(Recorded data)
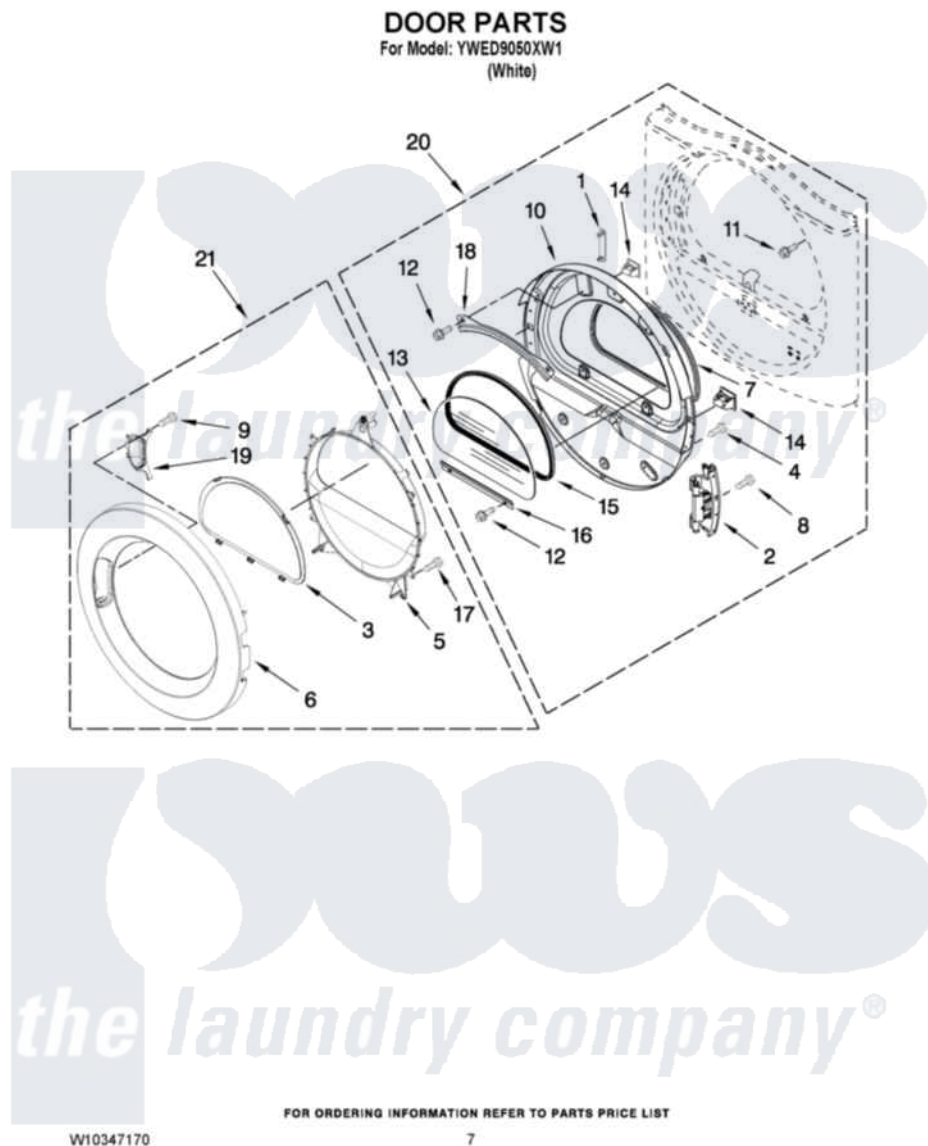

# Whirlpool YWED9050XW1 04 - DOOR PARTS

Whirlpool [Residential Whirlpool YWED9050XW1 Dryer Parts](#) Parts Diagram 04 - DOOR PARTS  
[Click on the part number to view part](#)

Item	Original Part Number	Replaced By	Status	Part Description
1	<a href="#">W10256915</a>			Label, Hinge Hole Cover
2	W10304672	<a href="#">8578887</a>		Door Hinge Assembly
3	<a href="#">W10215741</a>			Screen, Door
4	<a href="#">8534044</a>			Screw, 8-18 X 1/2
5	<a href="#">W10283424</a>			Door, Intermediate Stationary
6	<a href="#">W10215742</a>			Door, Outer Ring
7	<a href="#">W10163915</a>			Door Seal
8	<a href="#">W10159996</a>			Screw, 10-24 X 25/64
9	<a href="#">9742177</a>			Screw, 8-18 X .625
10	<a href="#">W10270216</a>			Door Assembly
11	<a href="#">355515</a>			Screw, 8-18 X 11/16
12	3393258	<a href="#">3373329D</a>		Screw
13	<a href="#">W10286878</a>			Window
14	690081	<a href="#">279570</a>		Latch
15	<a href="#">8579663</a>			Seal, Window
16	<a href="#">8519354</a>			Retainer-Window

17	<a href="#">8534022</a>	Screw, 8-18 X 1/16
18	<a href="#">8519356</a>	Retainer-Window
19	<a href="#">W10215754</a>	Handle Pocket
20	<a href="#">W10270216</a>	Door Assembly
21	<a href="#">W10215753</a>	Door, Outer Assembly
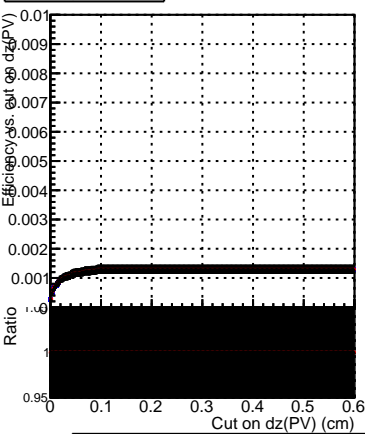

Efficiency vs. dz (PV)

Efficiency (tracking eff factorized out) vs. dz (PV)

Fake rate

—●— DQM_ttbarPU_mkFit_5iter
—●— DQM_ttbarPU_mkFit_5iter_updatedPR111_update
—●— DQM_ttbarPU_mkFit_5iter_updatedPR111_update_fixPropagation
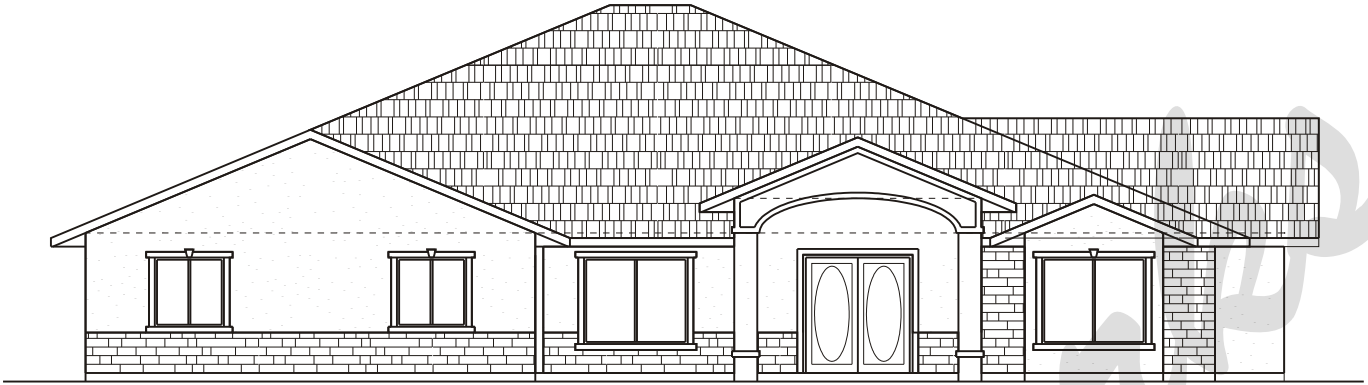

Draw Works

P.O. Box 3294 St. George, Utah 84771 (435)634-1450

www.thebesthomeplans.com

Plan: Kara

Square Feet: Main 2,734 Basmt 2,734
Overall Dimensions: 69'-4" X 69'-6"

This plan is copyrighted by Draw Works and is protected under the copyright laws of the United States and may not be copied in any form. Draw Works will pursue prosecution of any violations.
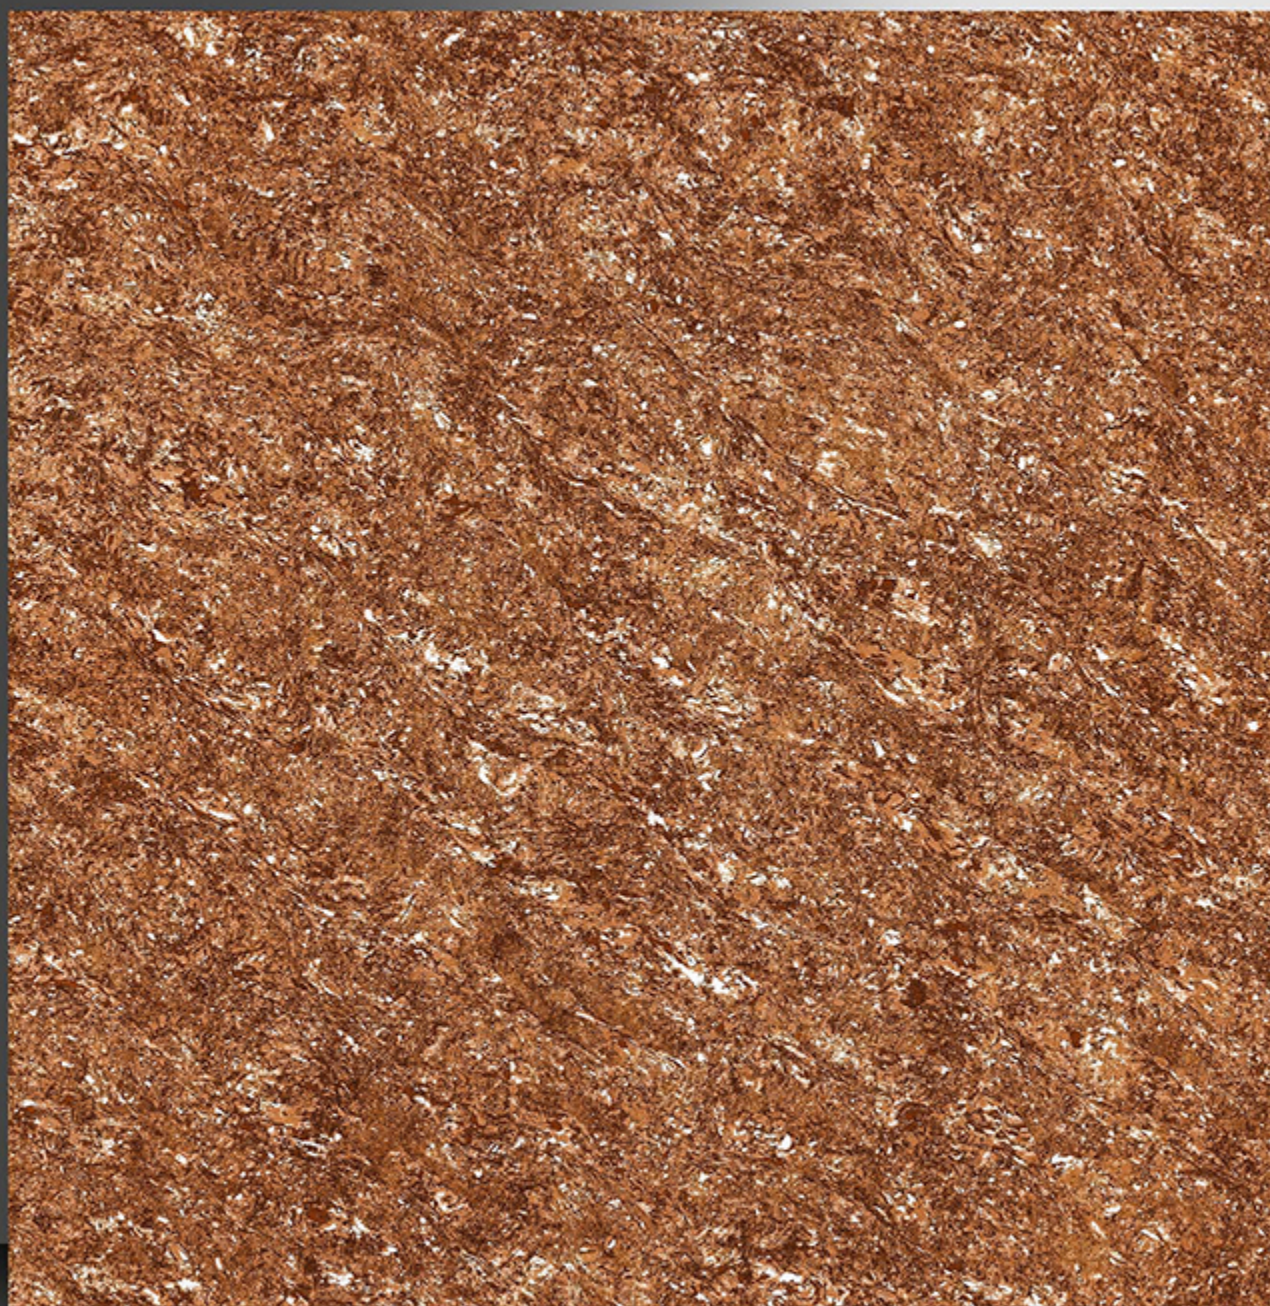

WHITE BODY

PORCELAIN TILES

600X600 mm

---

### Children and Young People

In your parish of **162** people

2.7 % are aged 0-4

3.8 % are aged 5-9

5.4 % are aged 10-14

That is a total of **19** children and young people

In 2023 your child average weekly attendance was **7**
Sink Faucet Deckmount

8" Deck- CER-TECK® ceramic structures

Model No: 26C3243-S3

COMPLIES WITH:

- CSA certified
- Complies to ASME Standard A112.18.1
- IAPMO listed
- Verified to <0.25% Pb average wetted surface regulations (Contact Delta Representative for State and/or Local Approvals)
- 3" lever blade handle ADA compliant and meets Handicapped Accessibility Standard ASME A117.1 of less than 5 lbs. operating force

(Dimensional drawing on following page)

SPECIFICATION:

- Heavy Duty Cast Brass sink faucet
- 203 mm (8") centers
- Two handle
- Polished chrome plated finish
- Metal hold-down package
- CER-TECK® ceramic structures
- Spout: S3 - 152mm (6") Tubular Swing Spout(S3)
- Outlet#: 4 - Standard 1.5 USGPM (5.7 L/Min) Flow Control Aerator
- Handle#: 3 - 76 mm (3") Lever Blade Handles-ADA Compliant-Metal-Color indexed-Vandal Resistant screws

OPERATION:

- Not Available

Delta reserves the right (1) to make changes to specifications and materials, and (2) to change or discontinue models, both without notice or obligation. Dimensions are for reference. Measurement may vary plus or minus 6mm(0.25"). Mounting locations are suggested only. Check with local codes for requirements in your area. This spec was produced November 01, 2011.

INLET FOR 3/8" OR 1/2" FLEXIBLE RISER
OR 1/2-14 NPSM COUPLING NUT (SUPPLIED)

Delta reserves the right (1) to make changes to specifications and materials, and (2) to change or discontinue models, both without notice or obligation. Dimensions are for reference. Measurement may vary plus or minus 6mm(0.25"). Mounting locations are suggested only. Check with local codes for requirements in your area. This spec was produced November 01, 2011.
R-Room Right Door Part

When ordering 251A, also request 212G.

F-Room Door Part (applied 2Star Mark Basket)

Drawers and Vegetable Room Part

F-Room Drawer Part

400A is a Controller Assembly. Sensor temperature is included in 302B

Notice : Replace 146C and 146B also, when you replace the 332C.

## What you will do:
Which lines above hold the word "Outer"? Copy each of them.

## Exercise output:
6	<a href="#">W10215742</a>			Door, Outer Ring
21	<a href="#">W10215753</a>	Door, Outer Assembly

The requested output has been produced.